■ **Problem details**
All records below must be reproduced exactly, although any pictures they contain are to be omitted.

"""

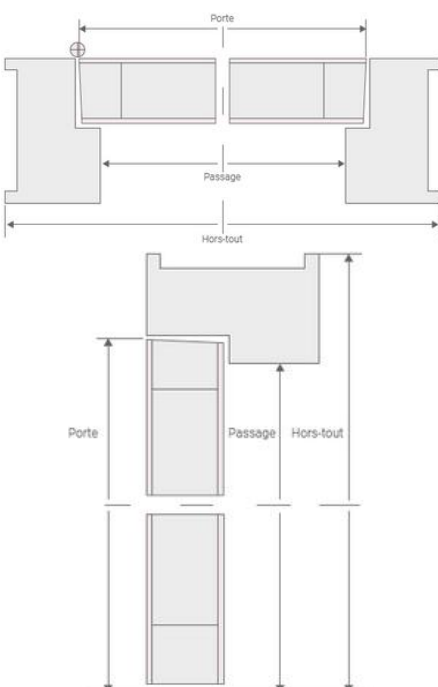

#### Porte

- épaisseur 40 mm
- hauteur 2040 mm
- cadre sapin / Revêtement HDF
- usinage spécifique pour les portes coulissantes

#### SCHÉMA PORTE À RECOUVREMENT

Huisseries	Largeur (mm)			Hauteur (mm)			
	Porte	Passage	Hors-tout	Portes	Passage (1)	Hors-tout (1)	Hors-tout brut (2)
H 66 x 56	630	585	697	2040	2024	2080	2150
	730	685	797				
H 72 x 56	830	785	897				
H 88 x 56	930	885	997				
	1030	985	1097				

(1) Avec mise à longueur des montants en incorporation dans la chappe tenant compte d'un jeu sous la porte de 7 mm selon DTU.

(2) Avant mise à longueur des montants.

\* Côtes valables pour tous nos modèles de portes à recouvrement : alvéolaire, pleine et isolante.

#### SCHÉMA PORTE DÉGRAISSÉE

Huisseries	Largeur (mm)			Hauteur (mm)			
	Porte	Passage	Hors-tout	Portes	Passage (1)	Hors-tout (1)	Hors-tout brut (2)
H 66 x 56	630	602	714	2040	2034	2090	2150
	730	702	814				
H 72 x 56	830	802	914				
H 88 x 56	930	902	1014				
	1030	1002	1114

"""

■ **Response**
#### Porte

- épaisseur 40 mm
- hauteur 2040 mm
- cadre sapin / Revêtement HDF
- usinage spécifique pour les portes coulissantes

#### SCHÉMA PORTE À RECOUVREMENT

Huisseries	Largeur (mm)			Hauteur (mm)			
	Porte	Passage	Hors-tout	Portes	Passage (1)	Hors-tout (1)	Hors-tout brut (2)
H 66 x 56	630	585	697	2040	2024	2080	2150
	730	685	797				
H 72 x 56	830	785	897				
H 88 x 56	930	885	997				
	1030	985	1097				

(1) Avec mise à longueur des montants en incorporation dans la chappe tenant compte d'un jeu sous la porte de 7 mm selon DTU.

(2) Avant mise à longueur des montants.

\* Côtes valables pour tous nos modèles de portes à recouvrement : alvéolaire, pleine et isolante.

#### SCHÉMA PORTE DÉGRAISSÉE

Huisseries	Largeur (mm)			Hauteur (mm)			
	Porte	Passage	Hors-tout	Portes	Passage (1)	Hors-tout (1)	Hors-tout brut (2)
H 66 x 56	630	602	714	2040	2034	2090	2150
	730	702	814				
H 72 x 56	830	802	914				
H 88 x 56	930	902	1014				
	1030	1002	1114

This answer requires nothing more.